*What is being asked*. Restate word for word the section of the entries that opens at the line containing "- 11: Strainer (Order-nr. 0700200M)" and closes at the line containing "Jail Population - Behind the Walls", both lines kept, pictures dropped.

*** Opening Study material ***

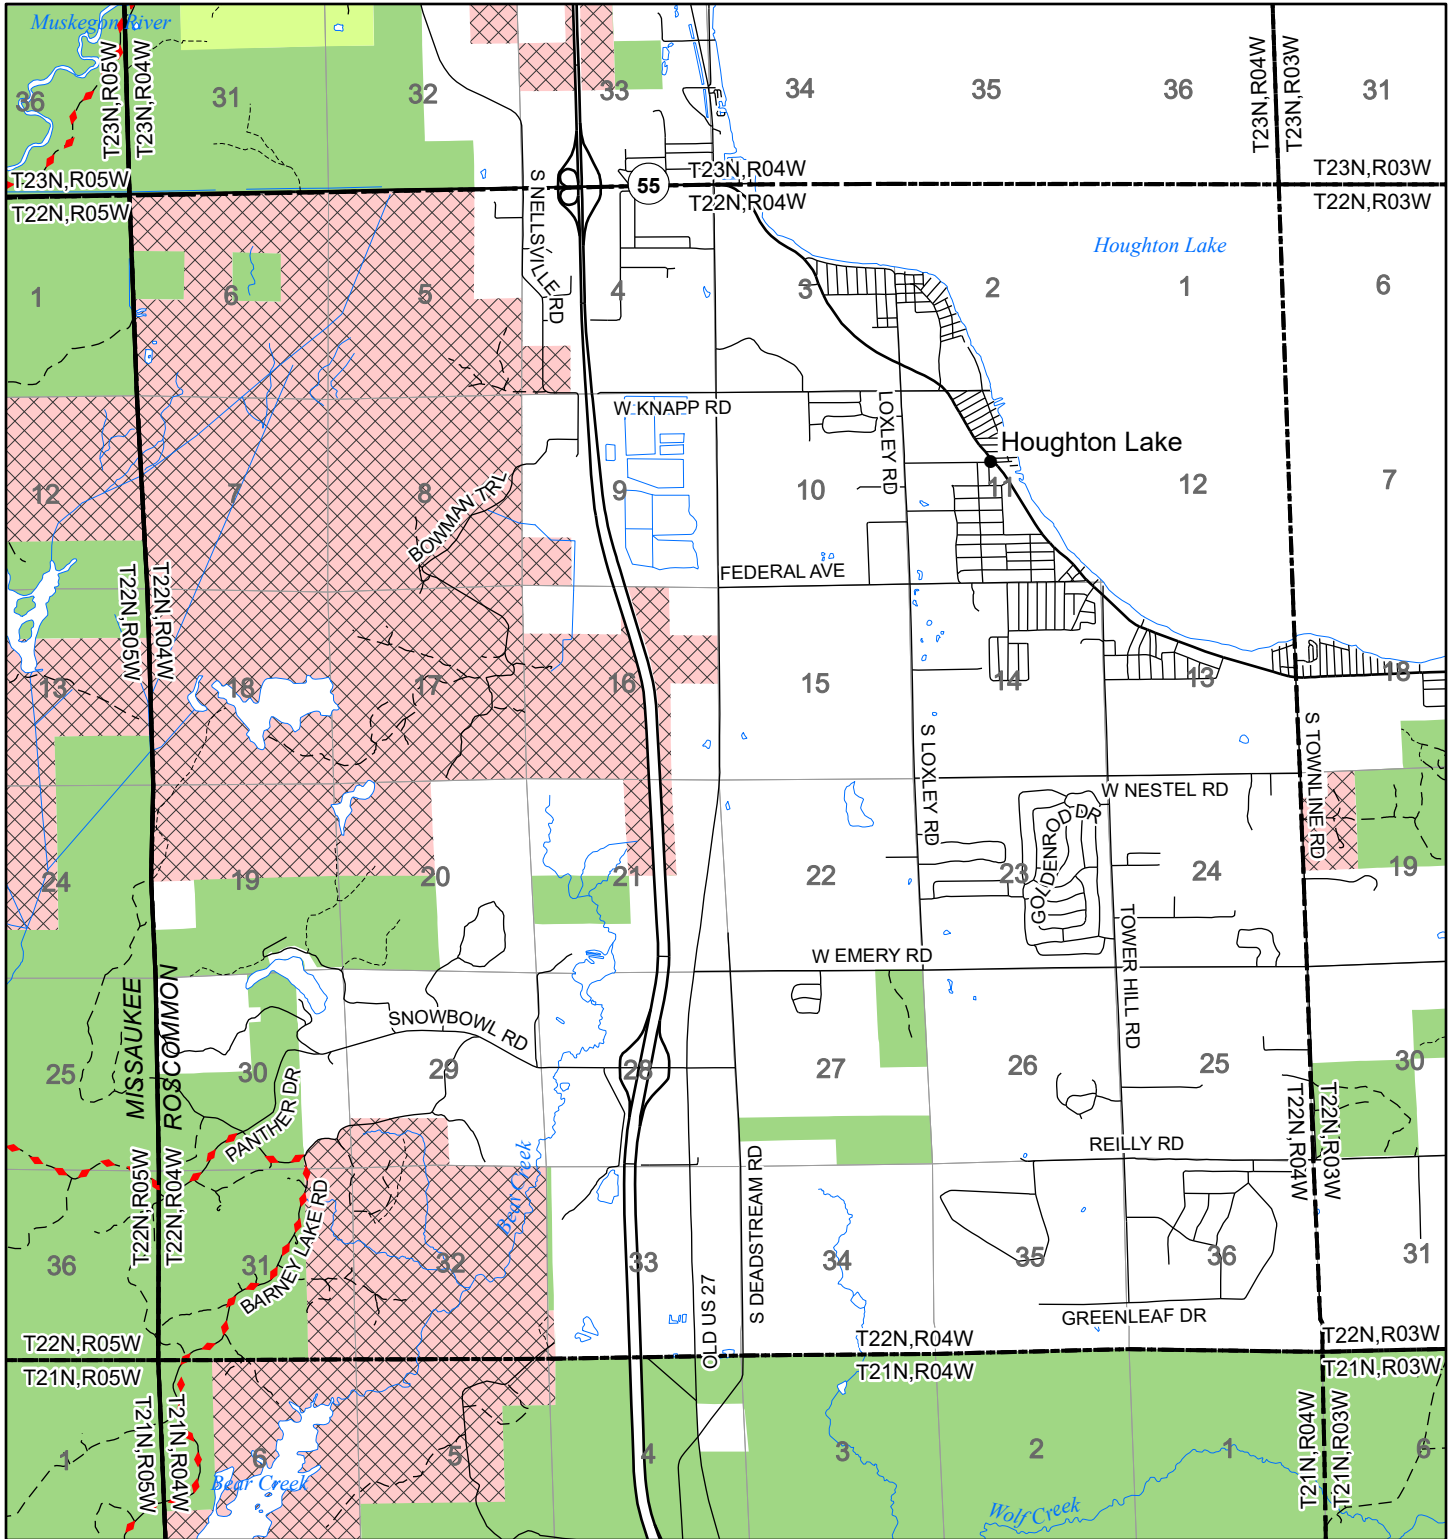

2022 Fuelwood Collection Map

T22N,R04W

ROSCOMMON CO.

- Open to Fuelwood Collection
- Open (Recently Closed Timber Sale)
- State land closed to fuelwood collection
- Snowmobile trail

Effective: April 1, 2022
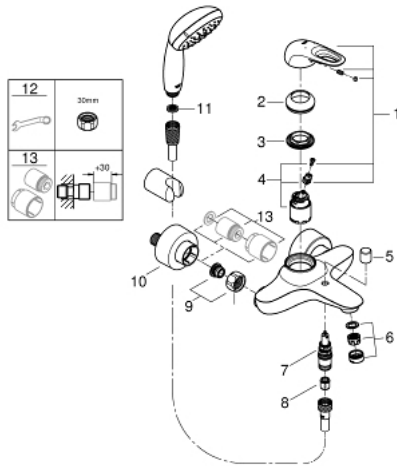

33 592 30A EUROSTYLE SINGLE-LEVER BATH/SHOWER MIXER 1/2"

PRODUCT DESCRIPTION

- wall mounted
- loop metal lever
- **GROHE SilkMove** 35 mm ceramic cartridge
- with temperature limiter
- **GROHE StarLight** chrome finish
- adjustable flow rate limiter
- automatic diverter: bath/shower
- mousseur
- shower outlet 1/2" with integrated non-return valve
- covered S-unions
- metal wall escutcheons
- protected against backflow
- with shower set Tempesta
- Consisting of:
 - hand shower Tempesta 100, 2 sprays, 9.5 l/min (26 161)
 - wall shower holder (28 605)
 - Relaxaflex hose 1500 mm 1/2" x 1/2" (28 151)

33 592 30A EUROSTYLE SINGLE-LEVER BATH/SHOWER MIXER 1/2"

SPARE PARTS

- 1: Lever (Order-nr. 46940000)
 - 2: Shield for cross handle (Order-nr. 46436000)
 - 3: Screw coupling (Order-nr. 46460000)
 - 4: Cartridge (Order-nr. 46374000)
 - 5: Diverter knob (Order-nr. 64309000)
 - 6: Flow restrictor (Order-nr. 13952000)
 - 7: Diverter (Order-nr. 65655000)
 - 8: Non-return valve (Order-nr. 48276000)
 - 9: Screw joint (Order-nr. 45044000)
 - 10: S-union (Order-nr. 12693000)
 - 11: Strainer (Order-nr. 0700200M)
 - 12: Special Spanner (Order-nr. 19377000)*
 - 13: Extension 30 (Order-nr. 46238000)*
- * Optional accessories
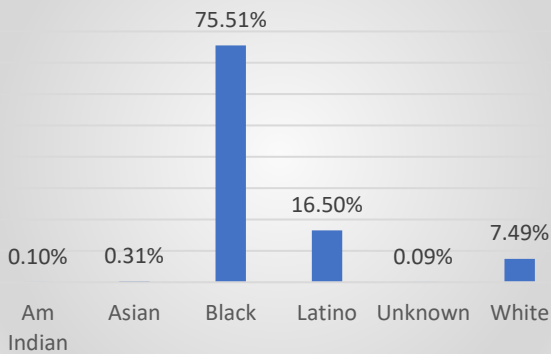

Sheriff's Daily Report

11/3/2021

Under the Custody of the Sheriff	
Total Male and Female	8,655
Jail Population	5,774
Community Corrections	2,881

Jail Population - Behind the Walls

Behind the Walls: Detainees that are physically housed under the Sheriff's custody 24 hours a day/7 days a week. This includes all populations listed on this chart - Divisional populations male & female, Outside Counties, Hospital, PRC, Women's Residential, & VRIC. Detainees in court-ordered treatment programs (PRC, Women's Residential, VRIC) are housed at CCDOC 24 hours a day/7 days week.

Sheriff's Daily Report

11/3/2021

CCSO Population Demographics

In Confinement

Gender Distribution

Race Distribution

Age Distribution

Community Corrections

Gender Distribution

Race Distribution

Age Distribution
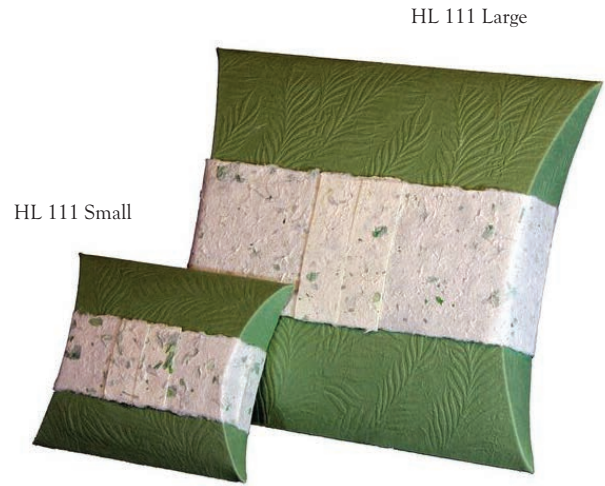

HL 110 Large 3.60 L • 31.5 x 35.5 x 7.5 CM
HL 110 Small 1.00L • 16.5 x 20.5 x 5.7 CM

HL 111 Large 3.60 L • 31.5 x 35.5 x 7.5 CM
HL 111 Small 1.00L • 16.5 x 20.5 x 5.7 CM

These urns biodegrade quickly and naturally once placed in water, water biodegradable urns are supplied with a biodegradable water-soluble bag into which the cremated remains must be placed. All water urns in this catalogue are designed to float briefly and sink intact. Float times will vary by urn and amount of remains in the urn, as well as local weather and water conditions.
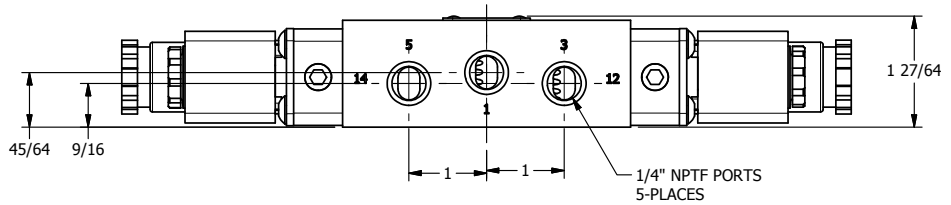

4 3 2 1

3/8" CORD GRIP DIN CAP INCLUDED  
FORM A, ACC. TO EN 175301-803,  
ISO 4400

1/4" NPTF PORTS  
5-PLACES

4 3 2

**AAA**  
PRODUCTS  
INTERNATIONAL

**AAA PRODUCTS  
INTERNATIONAL**  
7114 Harry Hines Blvd  
Dallas, TX 75235

TITLE: 1/4" SIDE PORT, DBL SOL, 2 POS,  
FRICTION POS, SOL RTRN,  
INTRINSICALLY SAFE, 24VDC

DRAWING NO.:  
DIM\_ESS2A

THE INFORMATION CONTAINED WITHIN THIS DOCUMENT IS PROPRIETARY TO AAA PRODUCTS AND MAY NOT BE DISCLOSED WITHOUT PRIOR WRITTEN CONSENT
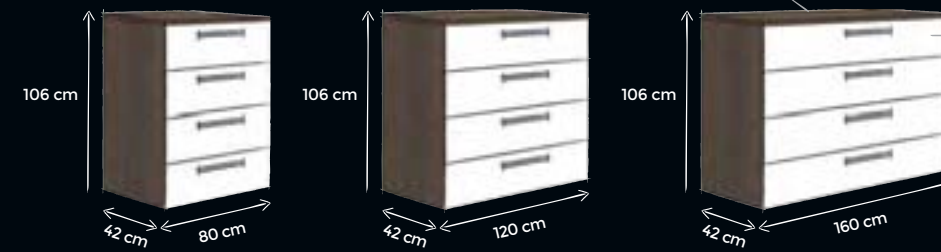

KOMMODEN
CHESTS

- Oberplatte // Top board
- Holzoberplatten // Wooden top boards
- Holzoberplatten mit Licht // Wooden top boards with lighting
- Glasoberplatten (ESG) // Glass top boards (TSC)
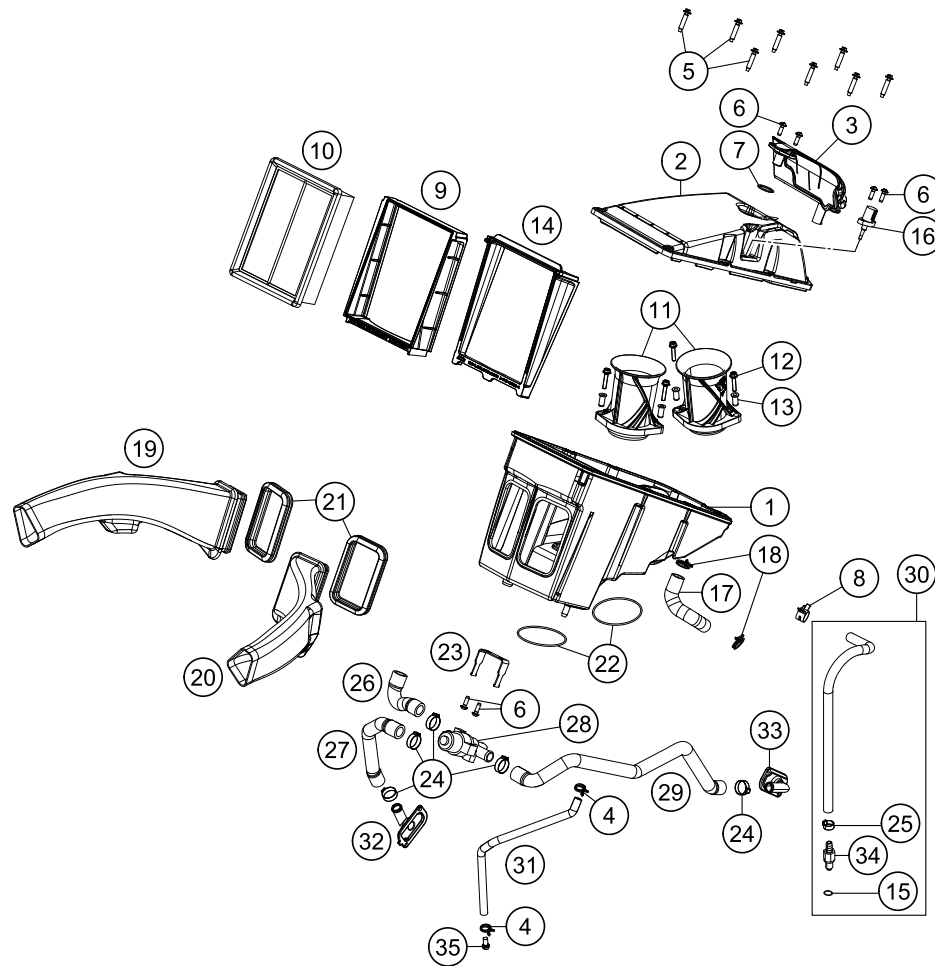

POS	PARTNUMBER	PARTNAME	PIECE
1	60306001200	AIR FILTER HOUSING LOWER PART	1
2	60306002000	AIR FILTER BOX COVER	1
3	60330088100	OIL SEPARATOR	1
4	58031005000	CLAMP YDNAC 10128 12MM	2
5	0017060305	SPECIAL SCREW K60X30 WS=6	8
6	0081050161	EJOT PT SCREW K50X16 1451	6
7	0770021020	O-RING 21,00X2,00 NBR70	1
8	00049140121	CLAMP STD DN14	1
9	60406016000	FILTERCLAMPING FRAME	1
10	60306015100	AIR FILTER	1
11	60341040100	INTAKE TRUMPET LENGTH 100	2
12	0025050256	HH COLLAR SCREW M5X25 ISA30	2
13	60306042010	BUSHING INTAKE TRUMPET	4
14	60406017000	FILTERCLAMPING LINER	1
15	58507012000	O-RING VITON F. PLUG CPC 05	1
16	61041080000	AMBIENT-AIR TEMPERATURE SENSOR	1
17	60330088030	OIL SEPARATOR FOAM HOSE	1
18	60306082000	CLAMP YDNAC 10173 (19MM)	2
19	60406040000	INTAKE DUCT R/S	1
20	60406041000	INTAKE DUCT L/S	1
21	60306040050	GASKET INTAKE DUCT	2
22	0770066025	O-RING 66X2,5 FKM	2
23	61305031000	RETAINING BRACKET SLS	1
24	00050226706	VARIABLE ONE-EAR CLAMP 22,6MM	5
25	00050157706	VARIABLE ONE-EAR CLAMP 15,7MM	2
26	61305035023	SAS HOSE - AIRBOX	1
27	61305035021	SAS HOSE CYLINDER FRONT	1
28	61005026000	CONTROL VALVE SAS 05	1
29	61305035022	SAS HOSE CYLINDER REAR	1
30	60307016000	FUEL HOSE 1 CPL.	1
31	60015019001	HOSE NBR 7X11 PER METER	1
32	61205122000	SAS flange	1
33	61205032000	SAS-FLANGE	1
34	5850701030030	PLUG CPC BLACK 05	1
35	0025080126	HH collar screw M8x12 TX40	1

166040610

18738

* NEW PART

X ON DEMAND

*** Closing Study material ***

*Response to this task*.
 - 11: Strainer (Order-nr. 0700200M)
 - 12: Special Spanner (Order-nr. 19377000)*
 - 13: Extension 30 (Order-nr. 46238000)*
- * Optional accessories

Sheriff's Daily Report

11/3/2021

Under the Custody of the Sheriff	
Total Male and Female	8,655
Jail Population	5,774
Community Corrections	2,881

Jail Population - Behind the Walls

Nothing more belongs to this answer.